Exercise aim> Your answer must be every line of the data below that holds the string "Packing", copied exactly.

Data provided>
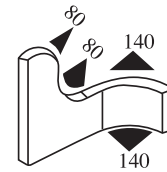

**340.09.719**

Grip range:  
1.0-3.5 mm

Material: PVC/EPDM Color: BLACK-RED Packing (mt.): 50

**340.09.729**

Grip range:  
2.0-4.0 mm

Material: PVC/EPDM Color: BLACK-WHITE Packing (mt.): 50

**340.09.802**

Grip range:  
1.5-4.0 mm

Material: PVC/EPDM Color: BLACK-YELLOW Packing (mt.): 100

**340.09.804**

Grip range:  
1.5-5.0 mm

Material: PVC/EPDM    Color: BLACK-YELLOW    Packing (mt.): 50

**340.09.805**

Grip range:  
1.0-4.0 mm

Material: PVC/EPDM    Color: BLACK    Packing (mt.): 50
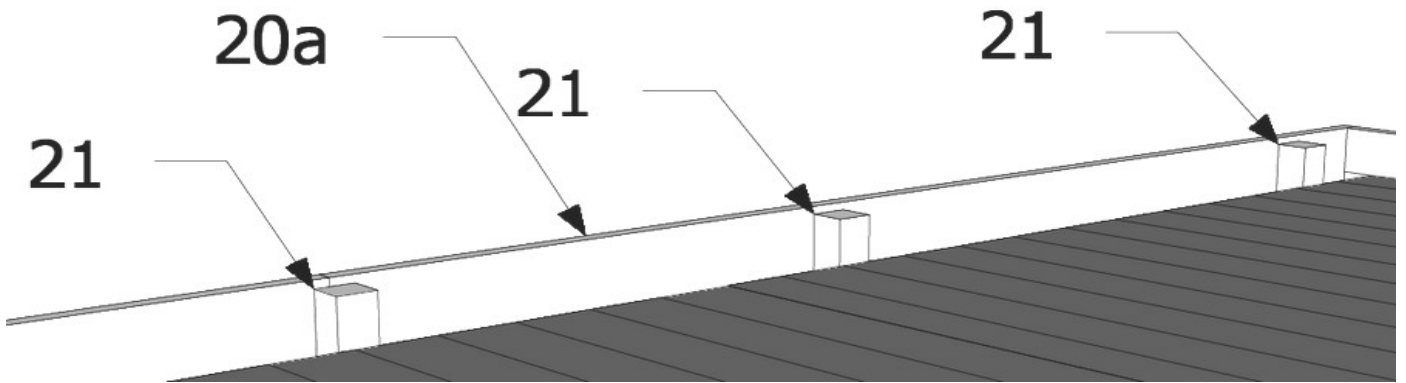

Lux-stall A (274 x 240 cm.)

Assembly instruction

14/15

front / vordere Rand → **20a** + **20a**

20 x 80	2
3,5 x 16	8

corners / Ecken → **20a 20b**

40 x 40 x 20	8
3,5 x 16	32

back / hinter → + **21**

4,5 x 80	10

+ **20a** + **20b**

3,5 x 50	32

back / hinter → **21** + **20a**

4 x 60	12
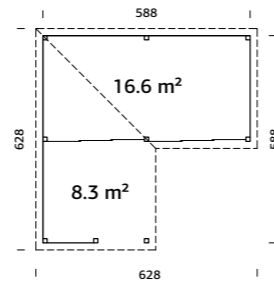

Lenna 422

24,9 m²
2 skyvedørspartier
Overbygget uteplass med barløsning

Hagestue med skyvedører i glass i hele fronten, samt overbygget uteplass med barløsning. Vedlikeholdsfrie skyvedørspartier i glass og aluminium som kan åpnes til begge sider. 4 mm herdet sikkerhetsglass montert i solide aluminiumsprofiler, med karmsystem i full bredde. Låsbare dører. Produsert med kraftig limtrekonstruksjon, 28 mm veggbord og 19 mm takbord. Leveres som byggesett inkludert skyvedører og alt av festemidler. Fundament, gulv og taktekke er ikke inkludert. Hagestuen leveres ubehandlet.
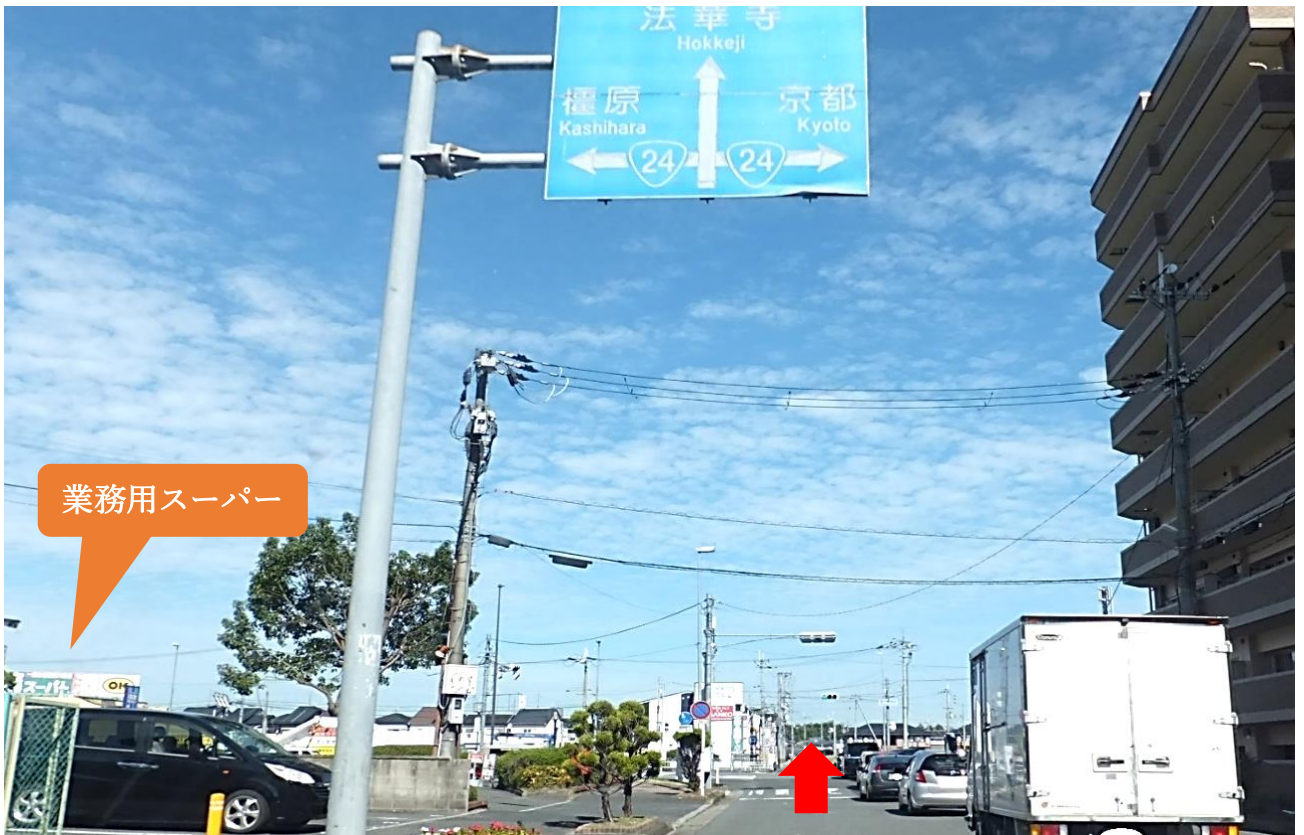

車の場合のルート

(簡略図)

1. 大和郡山方面からのルート

①国道24号線奈良高架橋を下った先の交差点を左折します。

②道なりに進みます。

③法華寺東（交差点）の信号（奈良市立一条高等学校横）を右折し、国道24号線に入ります。すぐに分岐を左に行くため左車線に入っておきます。

④右折してすぐの分岐を左に入ります。
入ってすぐの建物がハローワーク奈良です。

駐車場に車を止め、庁舎内1階の総合受付にてご用件をお伝えください。（駐車券はありません）

2. 奈良市役所からのルート

①奈良市役所東（交差点）の信号を左折します。

②踏切を渡った先の信号（左手に業務用スーパーがあります）を直進します。

③「1. 大和郡山方面からのルート」②以降と同じです。

Solution for this problem>
Material: PVC/EPDM Color: BLACK-RED Packing (mt.): 50
Material: PVC/EPDM Color: BLACK-WHITE Packing (mt.): 50
Material: PVC/EPDM Color: BLACK-YELLOW Packing (mt.): 100
Material: PVC/EPDM    Color: BLACK-YELLOW    Packing (mt.): 50
Material: PVC/EPDM    Color: BLACK    Packing (mt.): 50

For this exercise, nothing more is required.